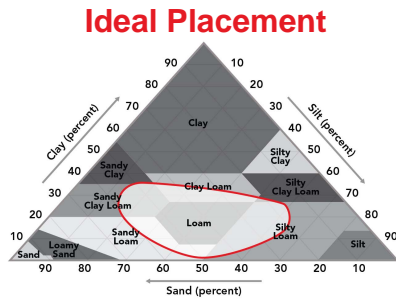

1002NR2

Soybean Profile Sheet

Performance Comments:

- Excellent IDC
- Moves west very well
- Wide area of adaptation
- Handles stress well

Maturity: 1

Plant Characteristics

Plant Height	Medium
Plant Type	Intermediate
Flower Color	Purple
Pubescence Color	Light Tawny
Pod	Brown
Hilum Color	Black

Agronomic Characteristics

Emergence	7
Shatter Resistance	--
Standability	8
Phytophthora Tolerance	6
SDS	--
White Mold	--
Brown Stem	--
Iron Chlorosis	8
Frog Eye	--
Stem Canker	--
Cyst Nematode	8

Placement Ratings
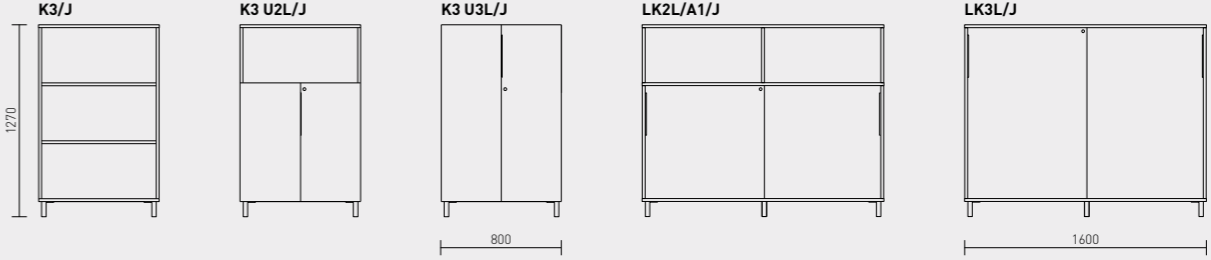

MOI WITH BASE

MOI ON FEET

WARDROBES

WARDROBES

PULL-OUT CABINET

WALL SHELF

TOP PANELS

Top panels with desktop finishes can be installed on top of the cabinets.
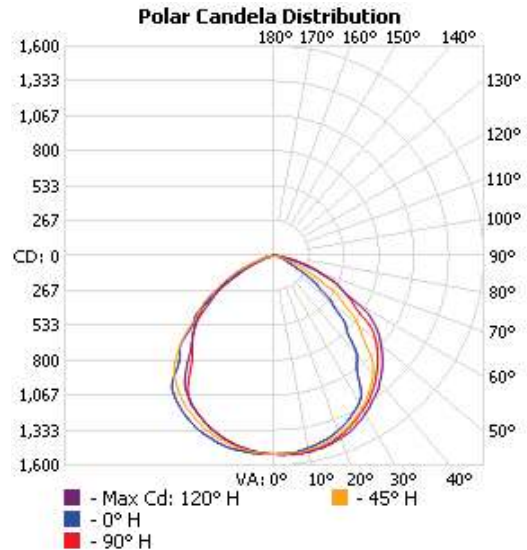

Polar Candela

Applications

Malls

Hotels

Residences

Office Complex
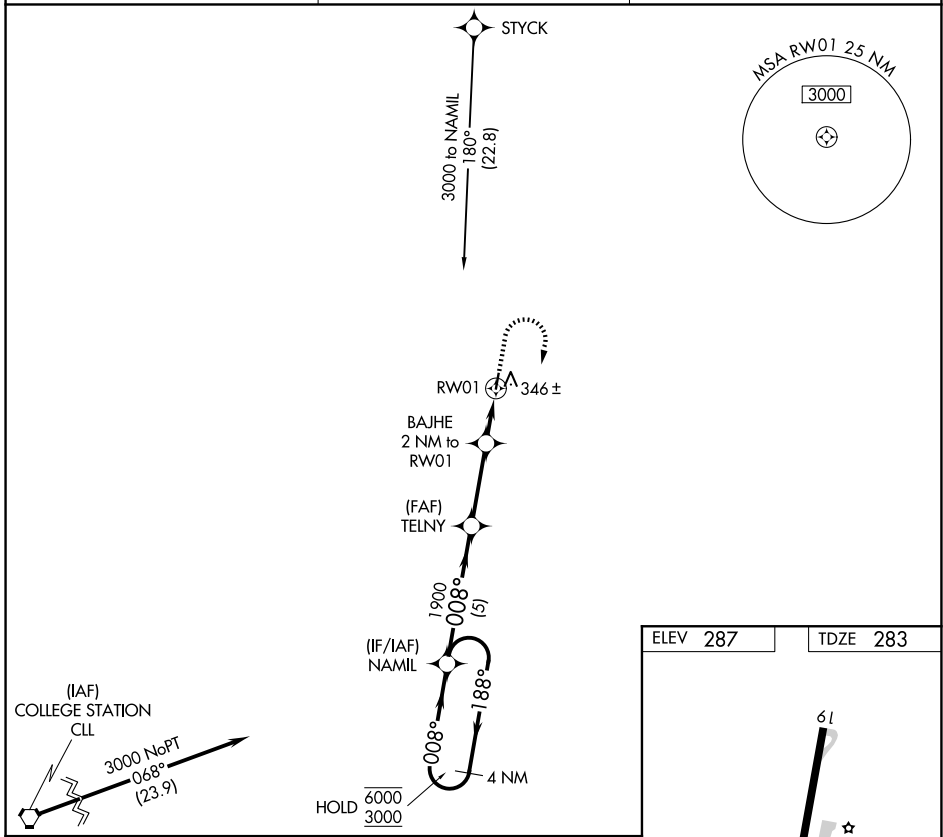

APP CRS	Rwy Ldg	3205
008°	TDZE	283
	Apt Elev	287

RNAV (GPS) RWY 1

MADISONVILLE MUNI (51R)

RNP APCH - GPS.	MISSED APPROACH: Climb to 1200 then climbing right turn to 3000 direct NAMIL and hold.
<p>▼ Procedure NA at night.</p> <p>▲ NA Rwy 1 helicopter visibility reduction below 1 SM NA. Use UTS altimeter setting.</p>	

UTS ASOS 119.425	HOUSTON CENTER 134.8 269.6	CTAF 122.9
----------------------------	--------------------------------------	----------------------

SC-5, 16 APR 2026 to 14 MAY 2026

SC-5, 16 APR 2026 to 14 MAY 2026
==
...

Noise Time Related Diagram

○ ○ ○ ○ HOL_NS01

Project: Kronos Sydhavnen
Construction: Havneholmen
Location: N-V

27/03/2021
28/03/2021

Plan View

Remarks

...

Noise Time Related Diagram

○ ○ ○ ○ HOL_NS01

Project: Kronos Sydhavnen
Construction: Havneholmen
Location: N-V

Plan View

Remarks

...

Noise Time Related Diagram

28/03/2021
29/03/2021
==
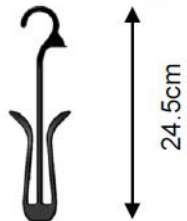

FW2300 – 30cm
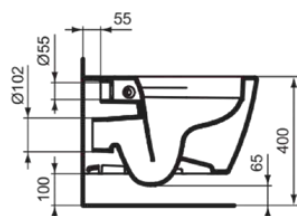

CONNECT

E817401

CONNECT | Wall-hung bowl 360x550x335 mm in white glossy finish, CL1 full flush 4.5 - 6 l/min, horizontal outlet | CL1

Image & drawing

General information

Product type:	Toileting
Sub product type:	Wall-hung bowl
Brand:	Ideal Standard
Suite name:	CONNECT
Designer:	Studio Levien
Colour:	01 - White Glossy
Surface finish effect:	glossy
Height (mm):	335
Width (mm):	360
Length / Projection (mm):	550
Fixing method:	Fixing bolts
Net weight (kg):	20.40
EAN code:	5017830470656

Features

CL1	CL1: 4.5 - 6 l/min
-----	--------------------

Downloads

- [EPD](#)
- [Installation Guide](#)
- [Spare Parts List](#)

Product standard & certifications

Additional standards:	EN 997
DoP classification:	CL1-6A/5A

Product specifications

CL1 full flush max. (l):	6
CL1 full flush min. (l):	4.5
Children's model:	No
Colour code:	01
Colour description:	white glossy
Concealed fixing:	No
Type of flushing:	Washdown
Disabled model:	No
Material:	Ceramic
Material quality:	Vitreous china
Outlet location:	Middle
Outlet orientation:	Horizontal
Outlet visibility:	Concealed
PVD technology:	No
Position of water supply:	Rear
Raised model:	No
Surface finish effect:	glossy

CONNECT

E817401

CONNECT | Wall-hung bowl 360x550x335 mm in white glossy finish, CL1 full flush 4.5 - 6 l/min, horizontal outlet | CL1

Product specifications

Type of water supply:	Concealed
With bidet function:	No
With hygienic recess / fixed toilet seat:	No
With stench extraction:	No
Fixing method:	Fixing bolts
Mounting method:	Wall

=== Problem details ===
Search the listing above for "full" and copy every line that holds it.

=== Output of the task ===
CONNECT | Wall-hung bowl 360x550x335 mm in white glossy finish, CL1 full flush 4.5 - 6 l/min, horizontal outlet | CL1
CL1 full flush max. (l):	6
CL1 full flush min. (l):	4.5
CONNECT | Wall-hung bowl 360x550x335 mm in white glossy finish, CL1 full flush 4.5 - 6 l/min, horizontal outlet | CL1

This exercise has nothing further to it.